Denby Williams
Looking at the prevalence rate of epilepsy among autistic individuals, approximately 25-30% of children with Autism Spectrum Disorder (ASD) will develop epilepsy in their lifetime. This is compared to the much lower prevalence rate of 1% among the general U.S. population. Much of the development occurs during puberty due to evolving hormonal shifts and neuroplasticity changes. Despite this, the knowledge of what parents with autistic children know about epilepsy remains limited. In many circumstances, family members are bombarded with new information and regulations to follow from neurologists after a near-fatal ‘grand mal’ seizure. Among the ASD population, many suffering from epilepsy are classified as ‘Level 3’ or require substantial support daily.
Unfortunately, this classification is accompanied by difficulties in language development. Although the inclusion of Augmentative and Alternative Communication (AAC) devices along with the intervention from both speech pathologists and registered behavioral therapists (RBT), is helpful, limitations persist in accurately conveying epilepsy as a neurological condition. Many of the symptoms, such as strange tastes/smells, dizziness, déjà vu, auras, and numbness, cannot be communicated sufficiently, leading to immediate safety risks and loss of bodily autonomy.
Consequently, family members and healthcare professionals must be vigilant at all times, reading nonverbal cues like fatigue or behavioral changes, including elevated anxiety and aggression. It can be frustrating among family members when not knowing if the visuals/audio in a specific video trigger the onset of a seizure. Given that current intervention methods are reactive only after symptoms appear, there is a clear need for preventive measures beforehand. This is due to the growing lack of self-advocacy and inevitable caregiver burnout.
When speaking to your sibling with Autism, do not begin with the medical term ‘epilepsy’ as a complicated term starts the conversation with confusion. Instead, initiate by describing symptoms in simplified form, and relay the parts of the body with concrete visuals. An example of this is teaching fatigue: you would start by correlating the feeling of tiredness with an individual’s head. This is supported by the use of flashcards that illustrate the brain and corresponding actions, such as a person sleeping.

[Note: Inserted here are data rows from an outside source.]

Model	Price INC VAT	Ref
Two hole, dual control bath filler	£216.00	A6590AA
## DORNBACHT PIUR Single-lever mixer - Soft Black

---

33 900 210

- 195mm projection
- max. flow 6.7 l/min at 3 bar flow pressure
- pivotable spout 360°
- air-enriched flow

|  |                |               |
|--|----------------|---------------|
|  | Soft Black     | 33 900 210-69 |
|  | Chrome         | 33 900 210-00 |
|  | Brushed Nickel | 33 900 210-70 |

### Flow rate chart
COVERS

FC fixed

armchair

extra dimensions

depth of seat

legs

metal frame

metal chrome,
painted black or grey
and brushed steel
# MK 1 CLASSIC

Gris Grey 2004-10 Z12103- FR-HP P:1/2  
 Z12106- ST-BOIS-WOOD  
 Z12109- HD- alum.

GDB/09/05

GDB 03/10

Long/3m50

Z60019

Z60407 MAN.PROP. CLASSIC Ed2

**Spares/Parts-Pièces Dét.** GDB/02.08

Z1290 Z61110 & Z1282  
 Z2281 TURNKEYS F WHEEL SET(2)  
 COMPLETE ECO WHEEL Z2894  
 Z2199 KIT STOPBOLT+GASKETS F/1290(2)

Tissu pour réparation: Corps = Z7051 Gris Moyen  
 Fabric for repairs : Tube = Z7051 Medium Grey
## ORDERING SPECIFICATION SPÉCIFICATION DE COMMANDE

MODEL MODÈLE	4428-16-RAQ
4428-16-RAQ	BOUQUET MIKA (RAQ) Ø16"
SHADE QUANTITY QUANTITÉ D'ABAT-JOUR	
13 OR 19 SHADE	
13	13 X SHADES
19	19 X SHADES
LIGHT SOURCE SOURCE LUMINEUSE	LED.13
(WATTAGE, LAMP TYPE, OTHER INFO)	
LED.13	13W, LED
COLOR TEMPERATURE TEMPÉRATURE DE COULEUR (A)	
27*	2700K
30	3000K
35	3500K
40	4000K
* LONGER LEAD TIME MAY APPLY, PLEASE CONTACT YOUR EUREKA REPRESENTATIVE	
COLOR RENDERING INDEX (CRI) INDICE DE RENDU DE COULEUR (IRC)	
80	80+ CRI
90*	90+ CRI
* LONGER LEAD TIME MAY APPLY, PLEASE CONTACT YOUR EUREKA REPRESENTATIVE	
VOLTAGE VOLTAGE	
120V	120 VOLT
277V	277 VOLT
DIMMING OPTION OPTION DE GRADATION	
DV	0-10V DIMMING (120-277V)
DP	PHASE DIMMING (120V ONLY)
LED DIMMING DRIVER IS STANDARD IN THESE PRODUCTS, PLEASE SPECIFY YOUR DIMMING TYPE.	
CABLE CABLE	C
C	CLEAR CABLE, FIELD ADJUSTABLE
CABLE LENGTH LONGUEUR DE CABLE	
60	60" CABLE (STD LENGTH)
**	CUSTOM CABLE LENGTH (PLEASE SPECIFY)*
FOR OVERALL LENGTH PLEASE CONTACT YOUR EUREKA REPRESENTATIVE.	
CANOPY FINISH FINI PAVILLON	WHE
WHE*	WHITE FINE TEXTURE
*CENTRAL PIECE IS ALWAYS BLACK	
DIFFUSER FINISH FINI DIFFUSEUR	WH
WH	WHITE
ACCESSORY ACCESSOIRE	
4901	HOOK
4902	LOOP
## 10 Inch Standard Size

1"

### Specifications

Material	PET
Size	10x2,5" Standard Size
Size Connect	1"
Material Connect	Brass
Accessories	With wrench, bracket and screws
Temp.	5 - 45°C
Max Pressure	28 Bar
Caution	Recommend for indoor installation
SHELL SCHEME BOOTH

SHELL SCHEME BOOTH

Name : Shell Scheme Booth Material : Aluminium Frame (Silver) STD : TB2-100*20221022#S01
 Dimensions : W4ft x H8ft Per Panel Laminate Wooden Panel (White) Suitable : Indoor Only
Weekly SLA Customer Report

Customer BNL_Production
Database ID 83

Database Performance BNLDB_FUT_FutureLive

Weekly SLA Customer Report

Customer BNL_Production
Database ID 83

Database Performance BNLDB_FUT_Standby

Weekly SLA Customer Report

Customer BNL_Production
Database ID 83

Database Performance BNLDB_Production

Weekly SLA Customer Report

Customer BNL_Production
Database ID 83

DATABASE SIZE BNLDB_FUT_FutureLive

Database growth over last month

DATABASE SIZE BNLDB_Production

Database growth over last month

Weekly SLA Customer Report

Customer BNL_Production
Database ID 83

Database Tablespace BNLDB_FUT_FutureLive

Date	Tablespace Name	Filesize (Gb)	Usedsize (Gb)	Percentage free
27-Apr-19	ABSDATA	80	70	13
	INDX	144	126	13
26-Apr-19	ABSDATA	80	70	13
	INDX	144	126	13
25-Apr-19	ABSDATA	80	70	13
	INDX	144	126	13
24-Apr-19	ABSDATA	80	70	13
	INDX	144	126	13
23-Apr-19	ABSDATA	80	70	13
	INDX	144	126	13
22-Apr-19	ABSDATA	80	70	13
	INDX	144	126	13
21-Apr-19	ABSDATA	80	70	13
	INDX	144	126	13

In addition to providing a visual sequence that maps a seizure protocol, it reassures your sibling that when their body feels different, a trusted adult will help, allowing their body to feel safe again. By exploring how epilepsy affects the body using the visuals stated before, you can then instruct them on how to notify others. Given that AAC device phrases can be limited, conveying simple phrases like “I need help” to a trusted adult reduces the inevitable fear. As you incorporate this into your daily routine, be sure to reiterate that lying down with head padding when experiencing symptoms is their designated ‘safe place’. To reduce any feelings of increased anxiety (which in some aspects can form a cycle where anxiety triggers seizures and vice versa), encourage verbal or body language that normalizes asking for assistance.

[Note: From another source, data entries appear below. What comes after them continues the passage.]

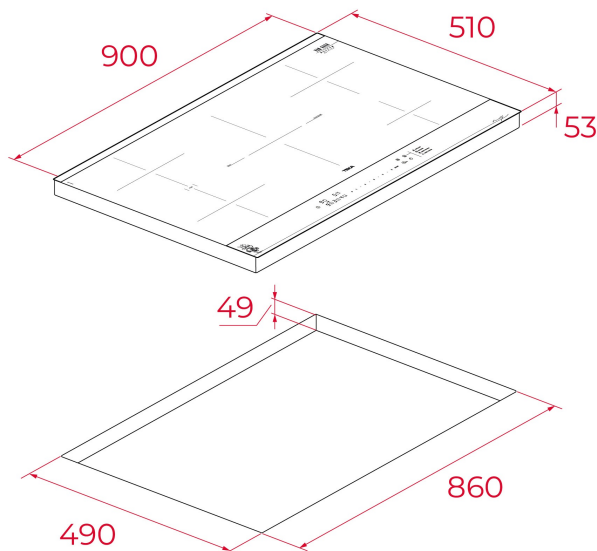

TEKA**Van Gogh IBF 95 FST VG**

Van Gogh Museum Edition. 90cm Flex Induction hob with 4 direct functions and 4 cooking zones

REFERENCE

REF: 112510047

EAN: 8434778031652

FEATURES

Van Gogh Museum Edition
 Two-colour finish with champagne details
 Flex Induction hob
 Direct functions with temperature sensors: deep frying, quick boiling, keep warm, grilling
 Touch Control Slider
 5 cooking zones
 1 double zone Ø 320/180 mm
 2 flex zones Ø 228 x 200 mm
 1 zone Ø 215 mm
 1 zone Ø 150 mm
 Stop & Go and Clean function
 Ceramic glass surface
 Cooking timer
 Power plus
 Child lock
 Residual heat indicator
 Power management
 Easy installation kit
 Maximum nominal power 10800 W
 Optional: grilling plate, teppanyaki

Autolock

Power

Power Plus

Slider

Easy installation

Flex

Super Zone

**DIMENSIONS****Product height (mm):** 53**Product width (mm):** 900**Product depth (mm):** 510**Product length (mm):****Net weight (Kg):** 15,18**TECHNICAL DETAILS**

Power rate (V): 220-240

Frequency (Hz): 50/60

Maximum Nominal Power (W): 10800

COLOURS

112510047 Dark grey and black glass

ENERGY EFFICIENCY

Power consumption in standby mode (W): -

Time to reach standby mode (min): 1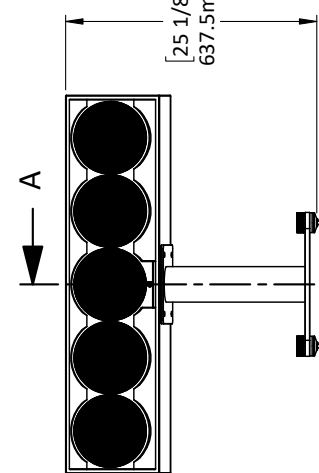

REVISIONS		DATE
REV.	DESCRIPTION	DATE
1	Initial Release	3/30/2021
2	Added grill and terminal dimensions	4/1/2021

NAME	DATE	 PERLISTEN AUDIO, LLC
TITLE:		SIZE DWG. NO. A PERLISTEN-S7c_Architectural REV 2
Sheet1		
SCALE: 1:16		SHEET 1 OF 1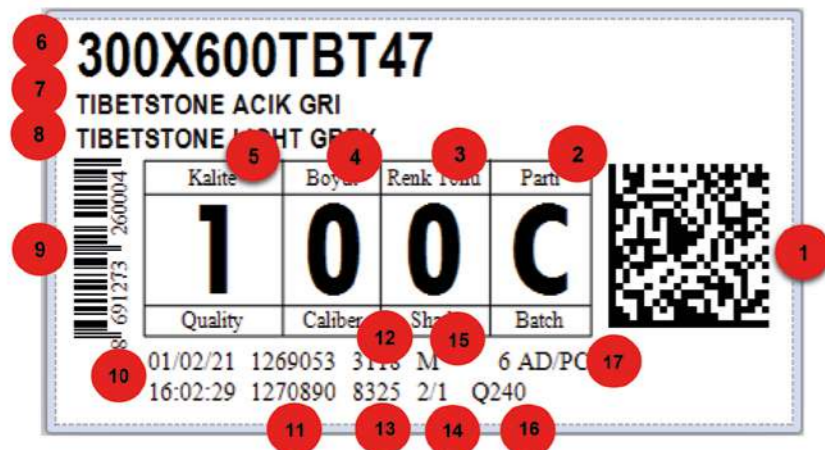

Technical Information

Symbols

Box Label New Version

No	Description
1	Barcode.
2	Production batch number. There may be slight difference between production parties. Tiles with different batch numbers shall not be applied in the same area!!!
3	Shade Codes: (0) Center (+1) Dark (+2) Darker (-1) Light (-2) Lighter Tiles with different shade codes shall not be applied in the same area!!!
4	Caliber Code. Tiles with different caliber codes shall not be applied in the same area!!!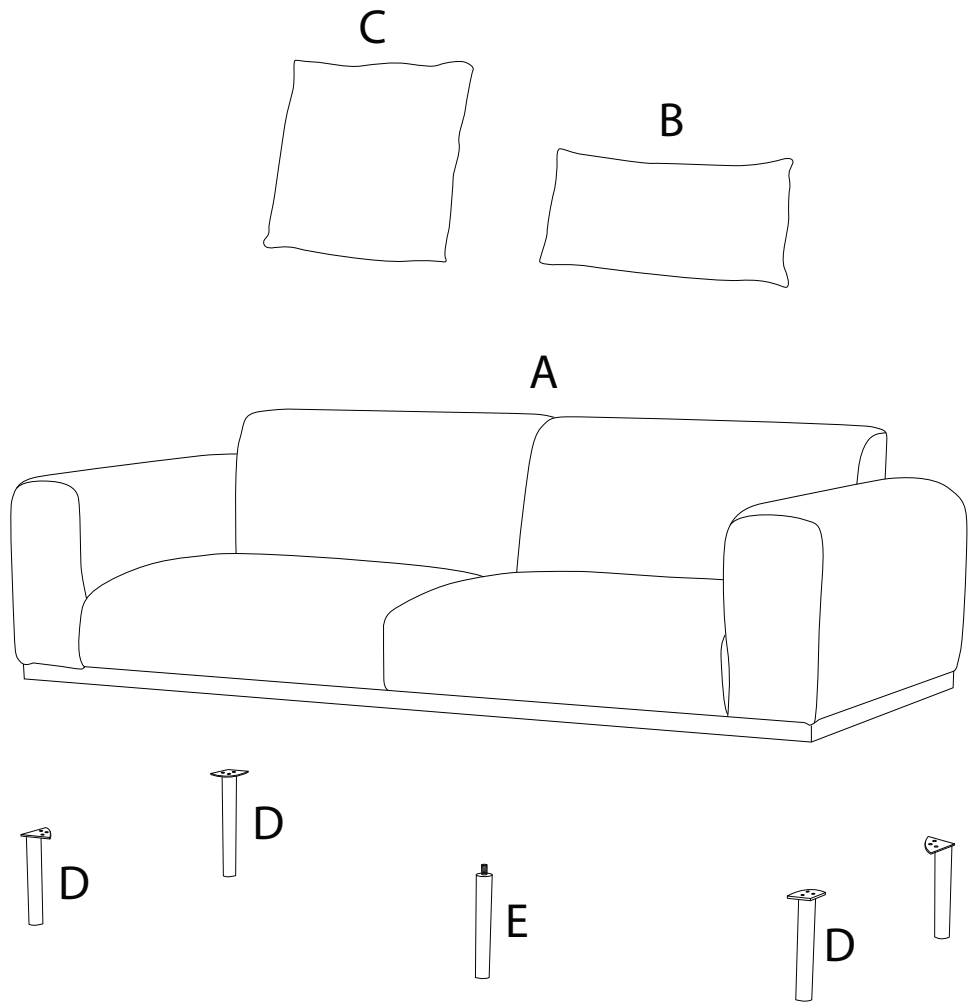

MALMO

An icon showing an L-shaped metal bracket inside a circle. To its right is a power drill with a diagonal line through it, indicating it should not be used.	A warning triangle containing an exclamation mark.	A circular clock face with tick marks around the perimeter and two hands pointing to approximately 12:30.
<p>30'</p>		
An icon showing a rectangular block on a mat with a hatched pattern. To its right is the same block being lifted by a hand, with a diagonal line through it, indicating it should not be lifted.	A warning triangle containing an exclamation mark.	A simple line drawing of a person standing.
<p>2</p>		

1

2

Although this requires a comprehensive approach, the initial step involves educating the ASD community and their respective families on how to recognize signs. In some cases, family members dismiss petite mal or ‘absence’ seizures that are characterized by a sudden or quick lapse in awareness – this blank stare is often mistaken for ADHD, a common co-occurring neurological condition. Providing epilepsy education and safety planning in an accessible format empowers caregivers with the confidence to respond effectively. By doing so, we can maintain trust and reduce potential trauma during seizure events.